> **Provided records**:

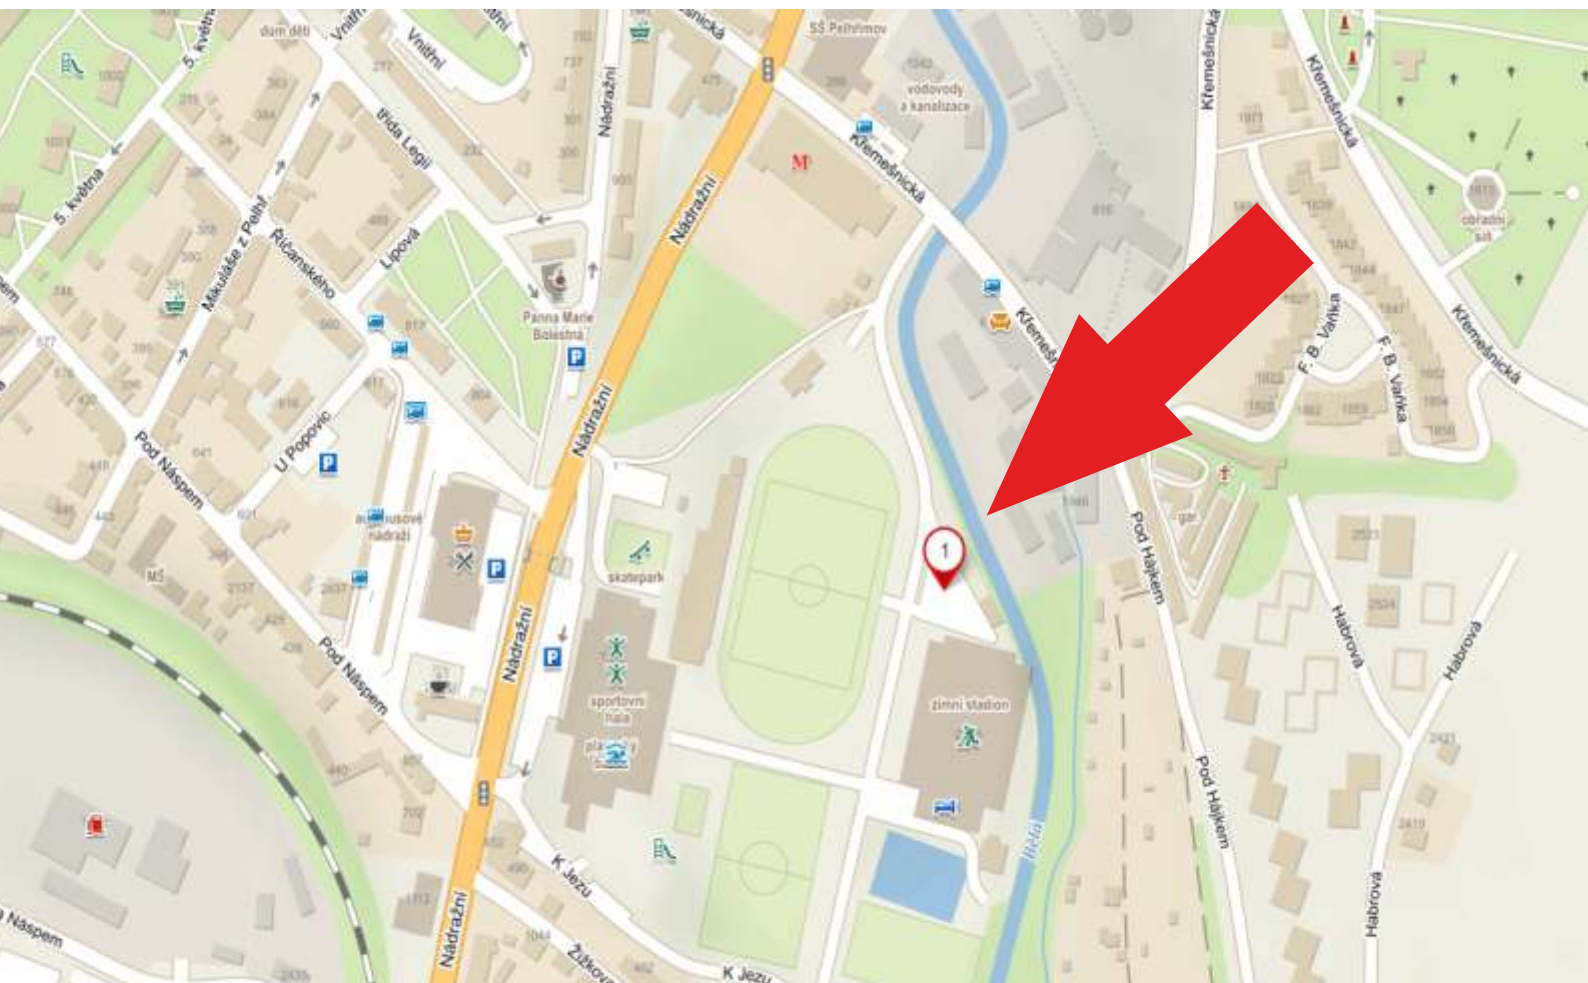

Informace o umístění volebního stanoviště v PELH IMOV

Krajský úřad Kraje Vysočina sděluje ve smyslu § 9 odst. 3 zákona č. 296/2021 Sb., o zvláštních způsobech hlasování ve volbách do Poslanecké sněmovny Parlamentu České republiky v roce 2021 a o změnách, kterých zákoník, že volební stanoviště pro hlasování voličů, kteří budou ve dnech voleb do Poslanecké sněmovny Parlamentu České republiky 8. a 9. 10. 2021 v karanténě nebo izolaci z důvodu ochrany veřejného zdraví před onemocněním COVID-19, je pro území okresu Pelhámov umístěno takto:

Volební stanoviště pro hlasování z automobilu pro voliče s adresou místa trvalého pobytu na území okresu Pelhámov a pro voliče, kterým byl vydán voličský průkaz, bude umístěno

dne 6. 10. 2021 od 8.00 do 17.00 hodin v místě

[parkovací plocha u zimního stadionu v Pelhámov (příjezd z ulice Křemešnická)](#)

GPS: 49.4249883N, 15.2278581E
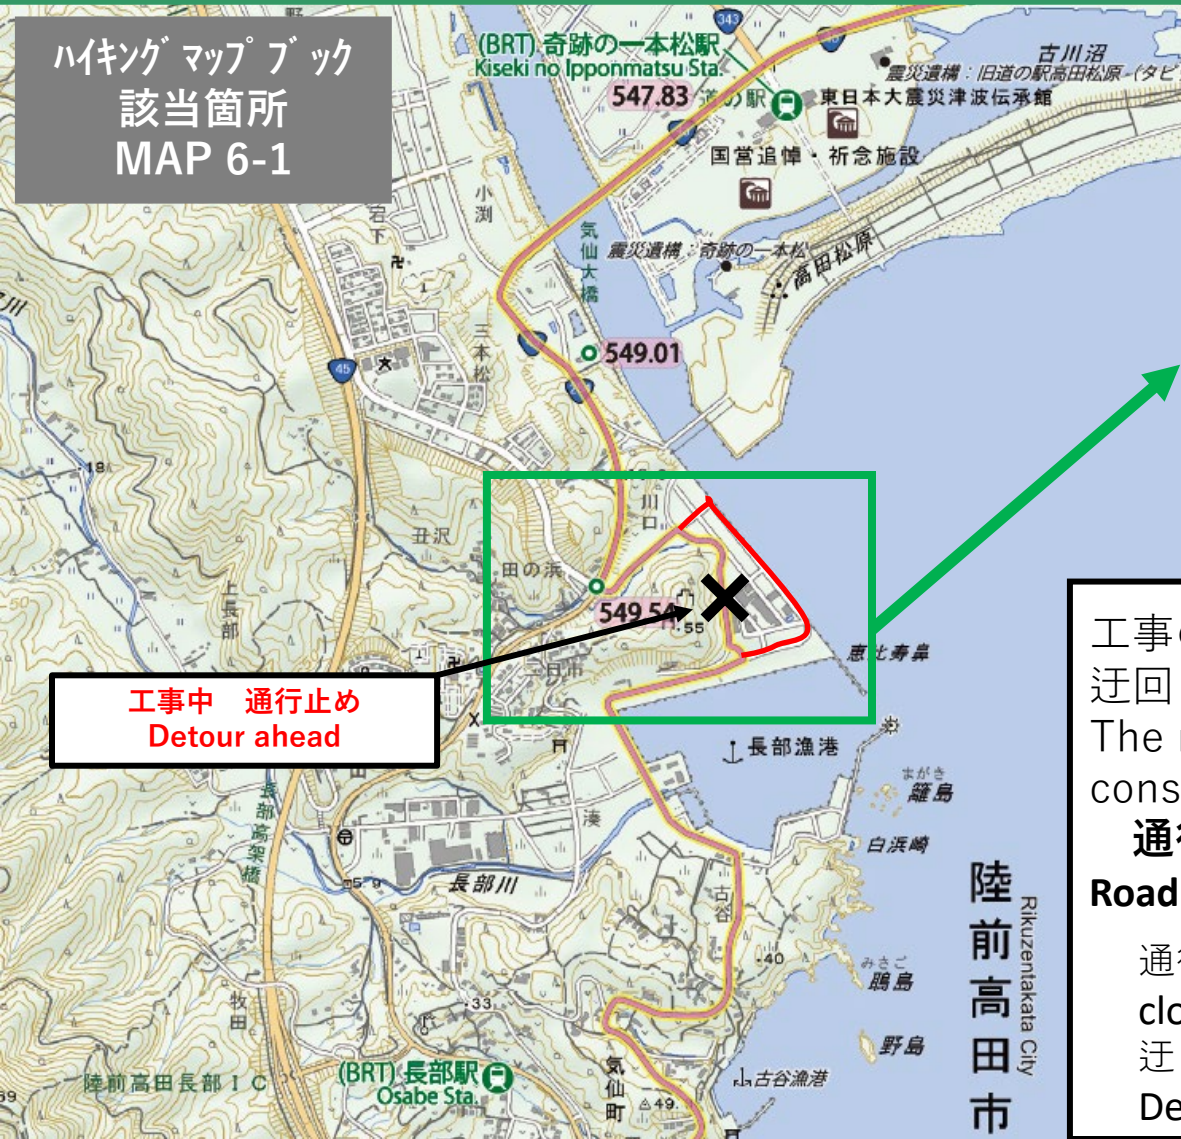

陸前高田市長部漁港周辺 迂回路情報

Detour information around Osabe Fishing Harbor, Rikuzentakata

ハイキング マップブック
該当箇所
MAP 6-1

工事中 通行止め
Detour ahead

工事のため通行止めが発生しています。
迂回してください。
The road is closed due to construction. Please make a detour.
通行止め期間：令和6年3月15日まで
Road closure period: until March 15, 2024

通行止め区間：
closed section :
迂回路：
Detour :

陸前高田市
Rikuzentakata City

> **Exercise instructions**:
Nothing should be returned except the lines from the one containing "陸前高田市長部漁港周辺 迂回路情報" through the last line of the data, each restated word for word.

> **Solution for this problem**:
陸前高田市長部漁港周辺 迂回路情報

Detour information around Osabe Fishing Harbor, Rikuzentakata

ハイキング マップブック
該当箇所
MAP 6-1

工事中 通行止め
Detour ahead

工事のため通行止めが発生しています。
迂回してください。
The road is closed due to construction. Please make a detour.
通行止め期間：令和6年3月15日まで
Road closure period: until March 15, 2024

通行止め区間：
closed section :
迂回路：
Detour :

陸前高田市
Rikuzentakata City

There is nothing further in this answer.